A Home Loan is a secured loan product where the lender provides finances for the purchase or construction of a residential/commercial property. One can also avail a housing loan to buy a plot of land and construct on it. Home Loans are also issued to extend/ repair/ renovate/ alter a new or second-hand property. The Home Loan is taken by a borrower against the property/security to be bought. This is done by giving the banker a conditional ownership over the property i.e. if the borrower fails to pay back the loan, the banker can retrieve the lent money by selling the property. Most lenders get the property valued independently and provide loans based on their estimated value. It is important to remember, however, that frequently their valuation is significantly lower than the actual cost and hence the requirement of the borrowers goes up. Home loans in Indian Banks are provided up to maximum of 80% (90% for loan amount below INR 20 lakhs) of the value of the house. Home loans are repaid using Equated Monthly Installments (EMIs) spread over a fixed tenure.

Home Loan Eligibility Criteria:

Home Loan eligibility depends upon various factors. A few of them are listed here –

  • Income– Your income determines the amount of home loan you are eligible for. Banks generally keep the EMI to income ratio at 0.45 to 0.50.
  • Tenure– The longer tenure you opt for, the more is your home loan eligibility and the lesser is your EMI.
  • Age– Your age will determine your home loan tenure and hence your eligibility.
  • Interest Rate offered– Banks offer Fixed and Floating Rates of Interest. If your interest rates are on a lower side, then the loan eligibility will be higher..
  • CIBIL Score – Your credit report tells the bank about your repayment capacity and hence determines if you’re eligible for a loan.
  • Fixed interest rate refers to repayment of home loans in fixed equal installments over the entire period of the loan. In this case, the interest rate doesn’t change with market fluctuations.

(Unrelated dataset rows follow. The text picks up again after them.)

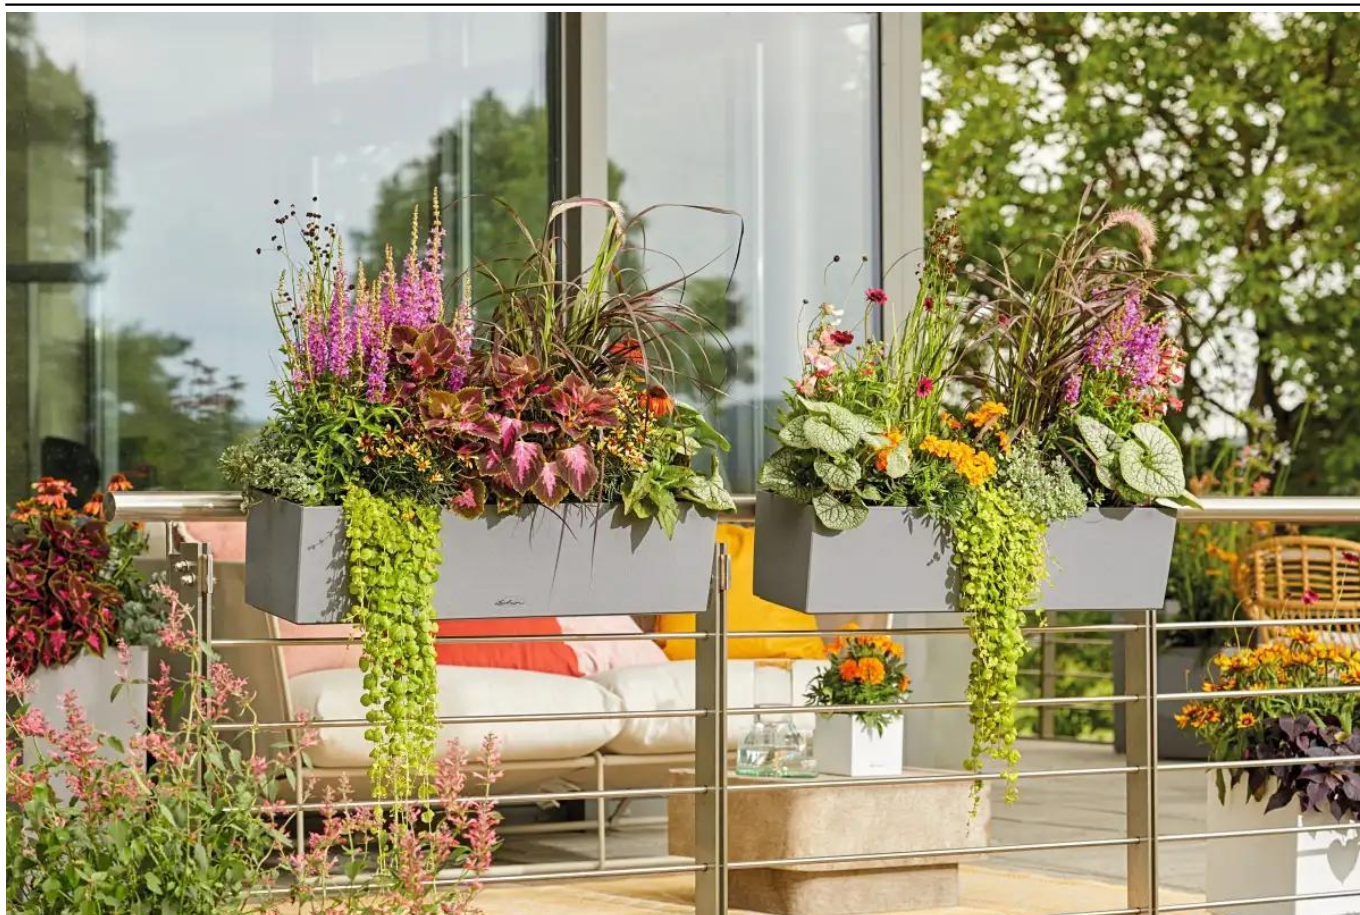

BARTPOL Sp. z o.o.
ul. Strzeszyńska 33
60-479 Poznań
NIP: 6932050703
t. 61 661 61 78
t. 607 531 181

Doniczki BALCONERA Stone 100 cm szary kamień

Dane techniczne.

Model: BALCONERA Stone 100

Kształt: prostokątny

Kolor: szary kamień

Seria: Trend Stone

System nawadniania: tak

Wkład wewnętrzny: tak, 2 sztuki

Zastosowanie: wewnętrzne i zewnętrzne

Szczegółowe wymiary i pojemność zgodnie z kartą producenta LECHUZA dostępną na stronie produktu.

Uwagi: **uchwyt balkonowy nie znajduje się w zestawie - patrz AKCESORIA**

    During the early part of the tenure, the monthly payments are used to service the interest and the principal is served in the later parts of the tenure.Very few lenders in India offer pure fixed rates where the rate of interest remains constant over the entire tenure. Most lenders have a reset clause of 3-5 years. If the borrower is certain that the rate of interest is the lowest in the market, only then should he opt for fixed rates of interest.

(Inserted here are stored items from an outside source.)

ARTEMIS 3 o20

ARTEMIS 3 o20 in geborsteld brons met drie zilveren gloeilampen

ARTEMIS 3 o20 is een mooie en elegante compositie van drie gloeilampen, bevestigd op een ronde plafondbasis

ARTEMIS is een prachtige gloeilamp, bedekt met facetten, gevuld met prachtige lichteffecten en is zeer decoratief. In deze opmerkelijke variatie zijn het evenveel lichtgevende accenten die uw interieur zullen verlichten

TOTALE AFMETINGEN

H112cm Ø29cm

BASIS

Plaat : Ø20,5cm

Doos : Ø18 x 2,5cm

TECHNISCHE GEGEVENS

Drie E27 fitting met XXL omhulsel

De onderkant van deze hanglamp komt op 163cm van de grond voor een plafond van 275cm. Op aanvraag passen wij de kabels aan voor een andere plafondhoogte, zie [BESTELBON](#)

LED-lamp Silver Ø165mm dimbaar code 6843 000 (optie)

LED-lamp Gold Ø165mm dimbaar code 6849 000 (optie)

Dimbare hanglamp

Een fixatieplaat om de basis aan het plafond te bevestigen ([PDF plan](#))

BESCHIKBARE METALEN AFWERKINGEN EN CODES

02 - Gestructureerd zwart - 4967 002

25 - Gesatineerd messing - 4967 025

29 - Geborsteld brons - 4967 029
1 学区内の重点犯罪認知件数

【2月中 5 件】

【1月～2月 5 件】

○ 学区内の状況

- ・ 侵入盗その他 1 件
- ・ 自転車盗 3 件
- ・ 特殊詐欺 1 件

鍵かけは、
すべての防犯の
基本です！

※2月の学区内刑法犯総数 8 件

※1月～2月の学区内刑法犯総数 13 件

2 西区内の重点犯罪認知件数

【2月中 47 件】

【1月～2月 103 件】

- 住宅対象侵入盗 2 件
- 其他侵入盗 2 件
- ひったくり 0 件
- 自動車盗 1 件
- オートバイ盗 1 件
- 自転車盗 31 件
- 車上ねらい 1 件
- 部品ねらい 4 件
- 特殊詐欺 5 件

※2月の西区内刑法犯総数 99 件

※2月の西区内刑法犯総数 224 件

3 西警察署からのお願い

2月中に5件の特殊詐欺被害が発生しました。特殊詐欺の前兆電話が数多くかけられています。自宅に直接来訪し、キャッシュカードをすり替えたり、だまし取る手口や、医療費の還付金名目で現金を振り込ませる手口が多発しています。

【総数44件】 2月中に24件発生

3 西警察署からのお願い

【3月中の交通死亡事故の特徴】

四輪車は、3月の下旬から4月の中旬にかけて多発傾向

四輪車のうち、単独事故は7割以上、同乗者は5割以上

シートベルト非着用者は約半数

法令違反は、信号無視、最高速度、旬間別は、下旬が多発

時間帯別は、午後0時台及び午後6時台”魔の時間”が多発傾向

    • Floating interest rate implies that the rate of interest will vary with market conditions. Home loans on floating interest rates are tied to a base rate plus a floating element thereof. So, if the base rate varies, the floating interest rate also varies.

      The interest rates will depend on the base rate of the bank. As and when the bank changes their base rate, the interest rate changes. The change can either be in terms of the EMI or the tenure. For example, if the bank increases their base rate, the customer could choose to increase his EMI or to increase his tenure. Or if the bank decides to decrease their base rate, the customer can reduce his EMI or his tenure.

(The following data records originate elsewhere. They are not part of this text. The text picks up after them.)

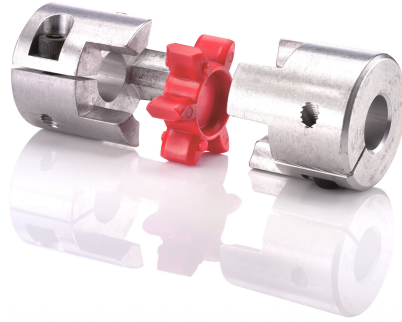

## SPIDEX-ZK 48-SPIDER-92 SHORE A-WHITE Timken

SKU: 6CJ48SP92

### Specificaties

<b>Materiaal</b>	PUR
<b>designation</b>	SPIDEX-ZK 48-SPIDER-92 SHORE A-WHITE
<b>Buitendiameter (mm)</b>	105
<b>execution</b>	Insert
<b>oringColour</b>	WHITE
<b>lengthTotal(mm)</b>	26
<b>elastomereHardness(Sh)</b>	92 Sh A
<b>productType</b>	SPIDEX Coupling Insert
<b>shortDescription</b>	SPIDEX Coupling Insert
<b>Merk</b>	Timken

### Beschrijving

SPIDEX-ZK 48-SPIDER-92 SHORE A-WHITE Coupling Insert Timken Elastic couplings

### Product URL

<https://aandrijftechniek.nl/product/spidex-zk-48-spider-92-shore-a-white-timken/>

  • Home Loan Lenders levy some fees and charges at the time of loan sanctioning. It is important to make yourself aware of all these charges before you decide you finalize the deal.

    Processing Fee: This fee is charged by the bank for processing the home loan and is non-refundable. In case you decide not to take the loan from the bank, then the entire amount is forfeited. The amount generally varies in the range of 0.5 to 1% of the total home loan amount.

    Payment of processing fees doesn’t mean that your loan is approved. You may have paid the processing fee but your loan could still not be sanctioned due to various other reasons. Therefore, before paying the processing fee, bargain on the amount and get it confirmed from the bank in writing.

    Prepayment Fees: Prepayment fee comes in to play when one wants to prepay the home loan before the end of the tenure. Different banks have different charges so one should take the time out to know them. Few banks offer no prepayment charges in case the prepayment is done from the borrower’s own sources. But in case the person is shifting the loan to a different lender, most of the banks charge a fee in the range of 1% to 2% of the outstanding loan amount.

  • Buying a home is a dream come true for many of us. Rising interest rates are making it a rather expensive affair. Once you finalize on your property, 80% of the amount can be taken as a loan from a bank depending upon how much loan you are eligible for.

    Home loans can be repaid to the bank every month as equated monthly installments over the entire tenure of the loan. A part of this EMI goes towards repaying the principal component of the loan and the other part goes towards paying the interest.

    The EMI is calculated on a reducing balance basis. A reducing balance loan means that in the initial days of the loan, the interest component of the EMI is high. But gradually, as you keep on paying more EMIs, the interest component of the EMI goes down and the principal component increases towards the end of the tenure.

    Also, while you are going to take a home loan you need to decide, the type of interest rate you want to pay to the bank. The banks will offer you with an option of a fixed rate or a floating rate. Generally the floating interest rates are cheaper compared to the fixed rates.